#### PROBLEM STATEMENT
Work out how many lines of the records contain "Fahrplan". Answer with the number and nothing else.

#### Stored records
____

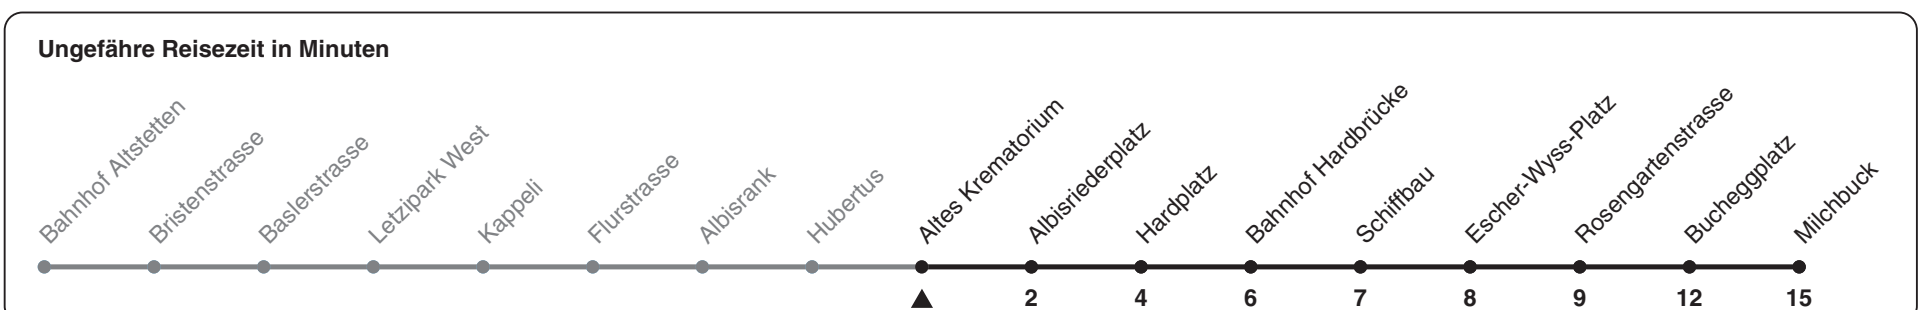

# 83

ZVV-Contact 0848 988 988 | zvv.ch

Zum Live-Fahrplan

Altes Krematorium

## Richtung Milchbuck

h	Montag-Freitag	Samstag	Sonn- und Feiertag
5			
6	07 14 22 29 37 45 52		
7	00 07 15 22 30 37 45 52		
8	00 07 15 22 30 37 45 53	04 19 34 49	
9	00 08 15 30 45	04 19 34 49	
10	00 15 30 45	04 17 30 46	
11	00 15 30 45	01 16 31 46	
12	00 15 30 45	01 16 31 46	
13	00 15 30 45	01 16 31 46	
14	00 15 30 45	01 16 31 46	
15	00 15 30 37 45 52	01 16 31 46	
16	00 07 16 23 31 38 46 53	01 16 31 46	
17	01 08 16 23 31 38 46 53	01 16 31 46	
18	01 08 16 23 31 38 45 53	01 15 31 47	
19	00 06 14 21 29 36 44 51	02 17 32 47	
20			
21			
22			
23			
0			

Nach besonderem Fahrplan verkehren die Kurse am 24. und 31. Dezember, am Sechseläuten, an der Streetparade und am Knabenschiessen.

Als Feiertage gelten: 25./26. Dez., 1./2. Jan., Karfreitag, Ostermontag, 1. Mai, Auffahrt, Pfingstmontag, 1. Aug.

____

#### WRITTEN REPLY
2